ENTRIES PROVIDED START

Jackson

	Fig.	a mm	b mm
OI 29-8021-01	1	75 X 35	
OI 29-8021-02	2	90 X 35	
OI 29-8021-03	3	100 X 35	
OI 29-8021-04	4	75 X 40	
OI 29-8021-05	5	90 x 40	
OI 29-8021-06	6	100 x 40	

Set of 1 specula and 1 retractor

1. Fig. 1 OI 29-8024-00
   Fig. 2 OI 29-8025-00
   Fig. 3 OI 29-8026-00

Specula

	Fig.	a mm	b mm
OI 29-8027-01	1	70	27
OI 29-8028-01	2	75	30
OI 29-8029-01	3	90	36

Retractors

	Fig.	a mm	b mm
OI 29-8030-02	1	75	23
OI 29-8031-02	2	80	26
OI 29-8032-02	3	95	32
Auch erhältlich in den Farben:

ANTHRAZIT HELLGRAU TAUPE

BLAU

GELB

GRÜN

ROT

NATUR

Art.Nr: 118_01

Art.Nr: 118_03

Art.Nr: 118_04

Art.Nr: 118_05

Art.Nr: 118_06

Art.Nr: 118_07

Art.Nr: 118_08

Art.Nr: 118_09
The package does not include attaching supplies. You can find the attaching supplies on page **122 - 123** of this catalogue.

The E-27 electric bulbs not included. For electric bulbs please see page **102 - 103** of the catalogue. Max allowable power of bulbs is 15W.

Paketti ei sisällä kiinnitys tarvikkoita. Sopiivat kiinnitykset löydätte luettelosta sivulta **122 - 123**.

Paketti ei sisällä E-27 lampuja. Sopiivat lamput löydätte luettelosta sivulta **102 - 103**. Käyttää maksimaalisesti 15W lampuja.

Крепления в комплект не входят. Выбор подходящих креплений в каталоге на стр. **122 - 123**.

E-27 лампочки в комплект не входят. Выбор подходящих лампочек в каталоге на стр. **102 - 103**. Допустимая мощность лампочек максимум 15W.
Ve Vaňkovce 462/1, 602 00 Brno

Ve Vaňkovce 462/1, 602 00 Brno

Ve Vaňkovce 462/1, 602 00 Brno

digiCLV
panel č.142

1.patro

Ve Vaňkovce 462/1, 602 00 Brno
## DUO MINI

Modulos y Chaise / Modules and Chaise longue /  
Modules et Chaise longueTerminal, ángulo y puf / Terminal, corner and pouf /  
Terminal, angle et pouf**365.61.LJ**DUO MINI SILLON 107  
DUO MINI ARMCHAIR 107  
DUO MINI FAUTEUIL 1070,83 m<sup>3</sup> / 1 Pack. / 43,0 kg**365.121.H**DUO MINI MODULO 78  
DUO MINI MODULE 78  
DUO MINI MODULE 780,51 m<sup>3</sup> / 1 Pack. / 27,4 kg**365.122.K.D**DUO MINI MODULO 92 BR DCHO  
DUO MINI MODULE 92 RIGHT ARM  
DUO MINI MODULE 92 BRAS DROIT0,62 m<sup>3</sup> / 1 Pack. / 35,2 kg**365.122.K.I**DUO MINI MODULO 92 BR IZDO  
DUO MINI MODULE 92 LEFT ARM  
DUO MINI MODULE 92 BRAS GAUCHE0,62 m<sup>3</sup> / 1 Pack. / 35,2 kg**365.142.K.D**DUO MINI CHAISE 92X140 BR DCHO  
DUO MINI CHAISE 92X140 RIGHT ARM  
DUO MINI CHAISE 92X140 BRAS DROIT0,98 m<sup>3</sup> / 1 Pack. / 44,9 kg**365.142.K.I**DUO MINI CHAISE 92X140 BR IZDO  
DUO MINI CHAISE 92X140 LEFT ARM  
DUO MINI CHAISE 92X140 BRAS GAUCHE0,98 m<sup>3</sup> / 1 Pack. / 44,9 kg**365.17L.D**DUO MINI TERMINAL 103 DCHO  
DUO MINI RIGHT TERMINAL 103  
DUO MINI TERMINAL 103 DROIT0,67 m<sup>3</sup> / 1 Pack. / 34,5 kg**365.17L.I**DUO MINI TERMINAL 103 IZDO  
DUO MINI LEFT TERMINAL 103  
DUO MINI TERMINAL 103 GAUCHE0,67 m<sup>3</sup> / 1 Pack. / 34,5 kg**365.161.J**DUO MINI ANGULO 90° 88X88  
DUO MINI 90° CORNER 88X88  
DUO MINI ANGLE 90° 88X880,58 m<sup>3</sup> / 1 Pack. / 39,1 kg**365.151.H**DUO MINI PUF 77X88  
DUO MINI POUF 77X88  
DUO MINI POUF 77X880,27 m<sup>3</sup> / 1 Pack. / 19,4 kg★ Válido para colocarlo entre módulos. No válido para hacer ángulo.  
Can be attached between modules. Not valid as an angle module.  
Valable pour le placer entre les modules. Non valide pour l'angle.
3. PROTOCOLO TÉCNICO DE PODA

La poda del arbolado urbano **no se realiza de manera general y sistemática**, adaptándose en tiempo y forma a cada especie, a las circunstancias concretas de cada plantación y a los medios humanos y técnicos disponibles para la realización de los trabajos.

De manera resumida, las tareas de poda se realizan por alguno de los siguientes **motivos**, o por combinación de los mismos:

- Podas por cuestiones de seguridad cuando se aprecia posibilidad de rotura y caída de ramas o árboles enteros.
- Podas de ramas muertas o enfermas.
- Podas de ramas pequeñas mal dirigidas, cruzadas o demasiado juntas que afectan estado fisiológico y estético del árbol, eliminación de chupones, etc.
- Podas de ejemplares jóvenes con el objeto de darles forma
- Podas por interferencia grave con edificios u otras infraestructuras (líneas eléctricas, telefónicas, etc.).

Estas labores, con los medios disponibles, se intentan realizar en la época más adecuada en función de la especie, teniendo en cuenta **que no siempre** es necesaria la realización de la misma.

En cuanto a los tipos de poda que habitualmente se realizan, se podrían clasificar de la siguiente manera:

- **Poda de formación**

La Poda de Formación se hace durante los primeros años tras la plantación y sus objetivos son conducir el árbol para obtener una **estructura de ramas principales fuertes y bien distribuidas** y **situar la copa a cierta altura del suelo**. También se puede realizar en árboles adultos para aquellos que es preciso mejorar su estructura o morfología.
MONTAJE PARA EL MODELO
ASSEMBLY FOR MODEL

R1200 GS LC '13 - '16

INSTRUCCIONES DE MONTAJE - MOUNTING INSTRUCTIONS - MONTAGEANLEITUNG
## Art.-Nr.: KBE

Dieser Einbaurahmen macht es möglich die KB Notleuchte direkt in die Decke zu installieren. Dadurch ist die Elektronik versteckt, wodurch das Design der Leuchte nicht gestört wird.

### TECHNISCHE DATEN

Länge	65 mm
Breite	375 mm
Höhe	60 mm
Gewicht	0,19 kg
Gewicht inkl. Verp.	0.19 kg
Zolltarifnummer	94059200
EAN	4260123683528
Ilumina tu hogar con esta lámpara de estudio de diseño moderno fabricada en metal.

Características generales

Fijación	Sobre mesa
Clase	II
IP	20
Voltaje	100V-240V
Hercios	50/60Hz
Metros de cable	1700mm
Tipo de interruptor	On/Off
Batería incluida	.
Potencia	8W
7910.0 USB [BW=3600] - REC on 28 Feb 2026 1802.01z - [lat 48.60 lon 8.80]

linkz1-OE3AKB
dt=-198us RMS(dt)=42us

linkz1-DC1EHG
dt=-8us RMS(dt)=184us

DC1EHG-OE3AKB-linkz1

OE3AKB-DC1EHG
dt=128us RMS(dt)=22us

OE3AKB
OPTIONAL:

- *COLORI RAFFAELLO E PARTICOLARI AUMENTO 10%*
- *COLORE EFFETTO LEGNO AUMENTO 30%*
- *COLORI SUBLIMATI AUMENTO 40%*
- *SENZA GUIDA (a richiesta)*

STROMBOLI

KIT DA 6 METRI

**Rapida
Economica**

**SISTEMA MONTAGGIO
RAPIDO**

ENTRIES PROVIDED END

- **WORK INSTRUCTIONS**: Wherever "disponibles" occurs in the entries above, copy the line it sits on.

- **ANSWER FOR THIS EXERCISE**:
La poda del arbolado urbano **no se realiza de manera general y sistemática**, adaptándose en tiempo y forma a cada especie, a las circunstancias concretas de cada plantación y a los medios humanos y técnicos disponibles para la realización de los trabajos.
Estas labores, con los medios disponibles, se intentan realizar en la época más adecuada en función de la especie, teniendo en cuenta **que no siempre** es necesaria la realización de la misma.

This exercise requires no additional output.